The Road from Midnight Page 7
Lawrence was nowhere to be seen. I presumed he had gone on his own search and couldn’t help noticing he’d taken the camera with him, no doubt imagining a fantastic story arc in his documentary where he finds his lost daughter on the train.
But he never found her. What happened from there is clouded in the fog of shock. I know I went to the toilet and threw up. I know the Italian mother, whose name I would later learn in newspaper reports was Bianca Chiara held me as I cuddled Charlotte’s teddy Charles and sobbed all the way to Venice. I had tried to get off the train where she had gone missing but the guards wouldn’t let me. They told us it would be better if we continued to Venice and the police could keep us informed there of their findings.
I don’t remember Lawrence much at that time. He could have been there or he might not have been. I can’t be sure. All I know is that I was lost in a horror so mind numbing that my mind just stopped working for a time. I sat there and waited for Charlotte to turn up at the door of our cabin and say: “Are we in Wenice yet?”
11
I’ll tell you eight things I remember after my daughter was taken from me.
The police being very kind but I didn’t understand a word they said.
Arriving in Venice and wondering why something so beautiful and serene was showing itself to me in the middle of the hell I was in.
A deep, aching, groaning hole in the middle of me. It ground on and on inside me waiting for the return of my daughter to fill it up again.
A dreadful guilt that I had left Charlotte on a railway station somewhere in the middle of Switzerland and my belief that she was standing there crying and waiting for us to come back.
Going to our hotel, going to bed and not getting up.
Listening to Lawrence in the lounge doing interviews with the media back in New Zealand.
Taking sleeping pills I had brought with me for the flight for three days. Every time I woke up I downed four more. I didn’t care. I wanted to be deaf, dumb and blind.
Dreaming about Charlotte being taken from me. Seeing a man’s face over and over in my dream. He spoke Russian.
On the third day after Charlotte disappeared I woke to find Daisy by my bed. I was so drugged up I thought she was a dream at first and had a five-minute conversation with her in which I believed she had brought Charlotte safely to me before she realised I was still half asleep.
“Oh Christ, Jane, what a state you are in. Where’s Lawrence, why isn’t he here looking after you? Wake up darling, wake up!”
I drifted back into the relative safety of unconsciousness. I was numb and unable to feel anything. On the one hand I dreaded going to sleep because I feared my dreams. But then I hated waking up because it meant remembering.

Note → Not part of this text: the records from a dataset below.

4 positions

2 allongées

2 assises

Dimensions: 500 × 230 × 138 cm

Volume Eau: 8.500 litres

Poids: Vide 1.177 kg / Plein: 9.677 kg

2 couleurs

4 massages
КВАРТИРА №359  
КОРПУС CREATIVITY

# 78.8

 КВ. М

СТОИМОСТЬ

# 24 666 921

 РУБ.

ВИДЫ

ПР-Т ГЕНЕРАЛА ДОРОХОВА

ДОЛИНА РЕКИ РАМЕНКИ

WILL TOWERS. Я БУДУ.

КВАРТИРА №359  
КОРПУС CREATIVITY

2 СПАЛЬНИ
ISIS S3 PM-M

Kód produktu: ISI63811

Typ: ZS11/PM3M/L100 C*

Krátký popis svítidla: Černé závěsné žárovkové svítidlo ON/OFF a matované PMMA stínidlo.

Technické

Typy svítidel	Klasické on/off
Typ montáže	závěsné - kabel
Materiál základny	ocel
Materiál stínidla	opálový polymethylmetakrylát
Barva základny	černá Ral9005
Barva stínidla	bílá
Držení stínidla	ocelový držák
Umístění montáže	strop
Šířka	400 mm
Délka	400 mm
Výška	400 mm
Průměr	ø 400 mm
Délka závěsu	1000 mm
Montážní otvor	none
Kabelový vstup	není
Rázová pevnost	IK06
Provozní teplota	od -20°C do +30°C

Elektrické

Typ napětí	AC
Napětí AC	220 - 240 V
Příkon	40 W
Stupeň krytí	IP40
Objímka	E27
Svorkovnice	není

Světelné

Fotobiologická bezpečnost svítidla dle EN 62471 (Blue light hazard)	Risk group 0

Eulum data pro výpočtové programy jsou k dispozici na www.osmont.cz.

Lawrence had managed to find a hotel in the only ugly building in Venice. The Hotel Bauer intrudes upon Campo San Moisè giving the impression that no architect has ever been anywhere near it. The ancient San Moisè church with its cherubs and wreaths of grapes suffers in silence as the hotel casts its afternoon shadow on its façade. Lawrence had apparently been won over by its proximity to gondolas in the canal running alongside it, plus the fact that they were happy to waive the 700€ a night fee for a suite in return for ample coverage in Lawrence’s Stars on Holiday show. As it turned out they got more than they were hoping for with Lawrence’s frequent press conferences held in a range of their conference rooms with their “Hotel Bauer” logo prominently displayed in the background, and once he even had the commercial sense to stage himself in the window of the lobby where the gondolas bobbed up and down behind him.

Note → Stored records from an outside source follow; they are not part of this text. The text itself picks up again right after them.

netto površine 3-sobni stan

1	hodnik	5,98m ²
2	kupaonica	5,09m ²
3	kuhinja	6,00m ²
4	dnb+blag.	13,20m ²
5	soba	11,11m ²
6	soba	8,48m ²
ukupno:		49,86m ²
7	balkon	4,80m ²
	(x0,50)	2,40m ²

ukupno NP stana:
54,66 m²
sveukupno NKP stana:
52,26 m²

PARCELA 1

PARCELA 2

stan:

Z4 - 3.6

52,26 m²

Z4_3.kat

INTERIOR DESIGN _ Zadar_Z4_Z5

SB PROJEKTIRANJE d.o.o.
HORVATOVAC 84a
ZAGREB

Since my arrival I had seen nothing of Venice, nor did I want to. I was grateful for the luxury of the suite which the hotel described as “the comfort of modern convenience with the unaltered magic of Venice’s past in an eclectic mix of Art-deco and Venetian style”. I just felt like I was in an episode of To the Manor Born. Velvet, satin and far too many sumptuous floral furnishings for my liking, but it was comfortable and warm and I was asleep most of the time.
“Here you are, luvey, time to wake up now … come on sweetie” trilled Daisy in her happy voice attempting to ply me with some foul-smelling tea.
“I can’t. Leave me alone. No. Sorry. It is you? When did you get here? It’s so far to come. Oh Daisy, help me. Have they found Charlotte yet?”
“I’ve run you a bath. You know how much you love a good bath and it doesn’t look like you’ve had one since you arrived,” cooed Daisy.
“Daisy, thank God that you are here with me. Where’s Charlotte, why haven’t they found her yet? What have they done to her? This can’t be happening!” I screamed before bursting into floods of tears.
“Sweetheart, everyone is doing their best. But first you need to get strong and get yourself out of this bed. When they find Charlotte you need to be here for her and ready to look after her not wallowing around in bed. This isn’t like you, you’re a fighter. You’re the editor of Fabulous Day. You’re the magazine queen. Come on now.”
And slowly over the next few hours Daisy coached me into a bath full of healing but foul-smelling oils, washed my hair and dressed me. She sat me on the couch and ordered chicken soup from room service. The first meal I had eaten in days.
“Where’s Lawrence,” I asked. “Where are the papers? What are they saying? Where are the police? Why haven’t they found her?”
“Sshhh now, one thing at a time. Sip your soup while I hang up these crystals and then we’ll have a talk and I’ll bring you up to date.”
And so Daisy told me everything. How Charlotte’s picture had been splashed around the world in one of the biggest missing children hunts in years. How Lawrence had also been splashed around the world as the anguished father. How I had been written off as having a major breakdown. How the police had searched every town and village between Venice and Paris and come up with nothing.
There was a knock on the door.
Daisy opened it to reveal a man I vaguely recognised.
“Bonjourno, Signora Cunningham. How are we today?” he said before re-introducing himself as Inspector Leggièri from the Venice caribinieri
“Hello, Inspector, this is my friend Daisy Norton who has come from New Zealand to help me,” I replied doing my best to take control.
“Ah that is good, I can see you are much better already. You may remember I took a statement from you soon after you arrived in Venezia and I promised you then that I would visit you every day to give you update on how our investigation is proceeding.”
“Oh fantastic so you have some news. You’ve found her!” I screeched.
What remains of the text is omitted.